Updated on July 28, 2011
Fresh vegetable gardening includes taking care of garden pests.
Fresh vegetable gardening includes taking care of garden pests. | Source

Turnips are a healthy and tasty root vegetable to eat, and if you have room in your garden, planting them yourself is an easy way to save on your vegetable bill at the grocery store. Growing healthy turnips in the ground and keeping up on the cultivation will help reduce many of the pests that like to eat them. Two types of worms that affect the turnip garden are cutworms and wireworms.

The first step in preventing wireworms and cutworms in the first place is to plant the vegetable garden in way that promotes healthy plants. Turnips can be sown in the spring to summer to fall: spring to early summer for the Northern parts and early fall for the South. Since they are one of the cool-weather crops that can be planted, those time frames are general for those areas.

Sow the turnip seeds about 1 to 2 inches apart in the garden rows. Later when the seedlings come up, you can thin out to 2 to 4 inches apart. Turnips like soil rich in organic matter, so mulching is essential. Watering on time and in the right amounts is necessary to keep the roots from getting woody and tough. The ground should never completely dry out.
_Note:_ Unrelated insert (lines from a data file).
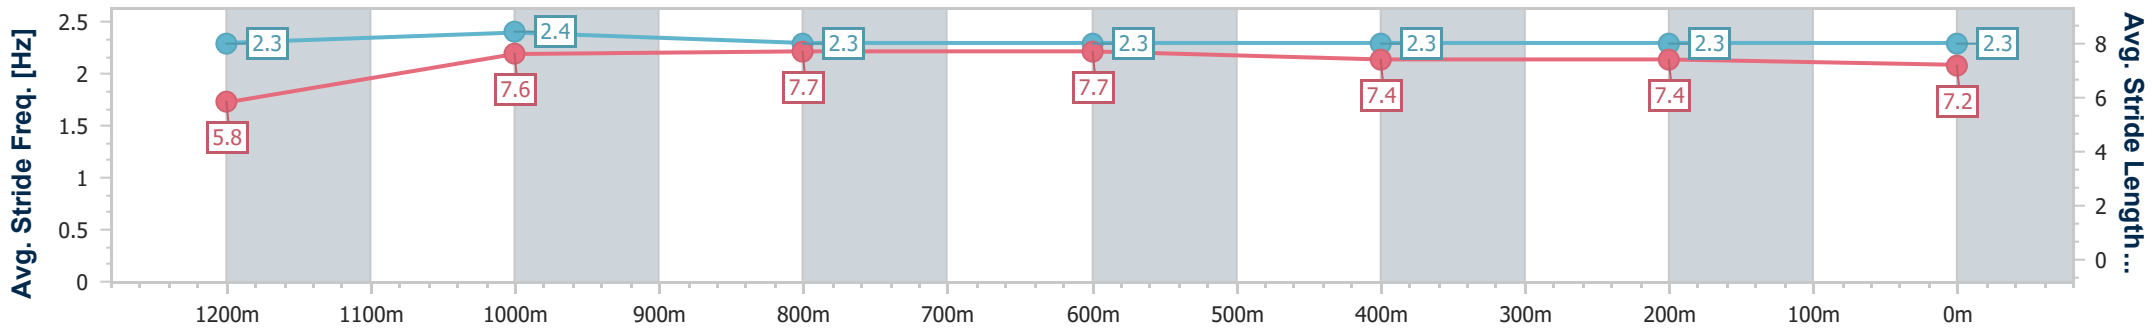

Horse/Jockey Name	Just Flying
Final Rank	9
Fastest Section Time (Section)	0:11.05 (1200m)
Top Speed [km/h] (Section)	66.8 (1000m)
Race State	Finished

IpswichProfessional
Race 5: RIVER 949FM BUNDAMBA PLATE Class 6 Handicap - 1350m

21 June 2025 - 14:03

Track Rating: Good 4, Weather: Overcast, Rail Position: +0.5m Entire

Section	Overall	1200m	1000m	800m	600m	400m	200m
Section Times	1:20.26 [9] (0:11.38)	1:08.88 [2] (0:11.05)	0:57.83 [2] (0:11.17)	0:46.66 [3] (0:11.47)	0:35.19 [3] (0:11.61)	0:23.58 [3] (0:11.57)	0:12.01 [4] (0:12.01)
Average Speed [km/h]	47.3	65.1	64.4	62.8	61.8	61.8	59.9
Top Speed [km/h]	63.9	66.3	66.8	63.8	62.3	62.6	60.7
Avg. Dist. to Rail [m]	1.2	0.9	0.3	0.4	0.9	1.1	0.9
Avg. Stride Freq. [Hz]	2.3	2.4	2.3	2.3	2.3	2.3	2.3
Avg. Stride Length [m]	5.8	7.6	7.7	7.7	7.4	7.4	7.2

- [ ] Ranking at each section and finish
- -.-.- No data available at this section
- NA No data available
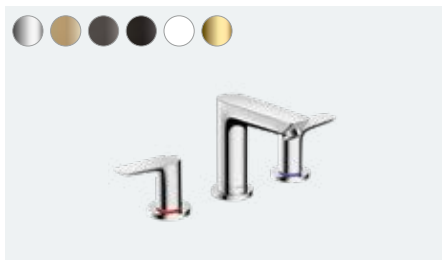

Talis E

3-hole basin mixer

with pop-up waste set

71733, -000, -140, -340, -670, -700, -990
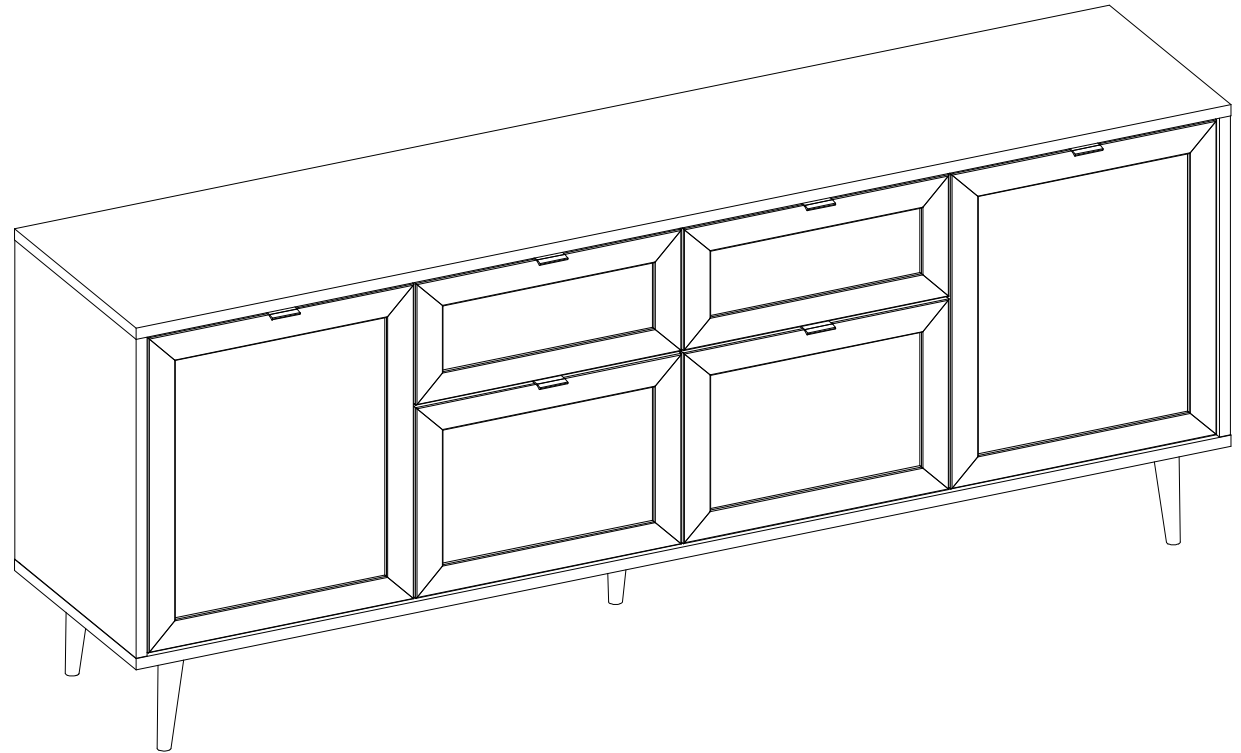

# BLI51B/137

Item Name	Bali 51B Sideboard
Colors 1	Sonoma
Colors 2	-
Colors 3	-
Colors 4	-
Colors 5	-

		Finishing
Panels material 1	chipboard	Melamine/ABS
Panels material 2	HDF	-
Panels material 3	MDF	-
Doors	MDF	-
Handles material	plastic	-
Legs material	wood	-
Mirror	-	-
Glass	-	-
Edges	Melamine/ABS	-
Soft edges	No	-
Wall fixing fittings	Yes	-
Extension	-	-
Extension size (cm)	-	-
Extension stored under the top	-	-
Synchronized opening	-	-
Top panel thickness (mm)	18 mm	Melamine/ABS

**BLI51B/137**

When the seedlings have begun to grow and are established, a row covering can help the turnips from being eaten above, but remove when the warm weather hits. Soil that is fertile, well drained and picked over helps to keep them healthy below ground.

Cutworms and Wireworms

Cutworms are a known pest for turnips. Cutworm collars will help when used in the early stages of turnip growth. Wireworms are another pest for turnips. Cultivating the soil helps to destroy their larvae, as once they are laid they can spend years feeding on the garden and all the roots it can find.

If you suspect wireworms in your garden, you can set 'potato traps' around the turnips. By burying halves of potato around the turnip bed, you can check every other day for infestation. If there are any that appear, destroy them and set out more traps. Also, if you notice you do have these worms around your turnips, parasitic nematodes will help destroy many of the worms that like turnips.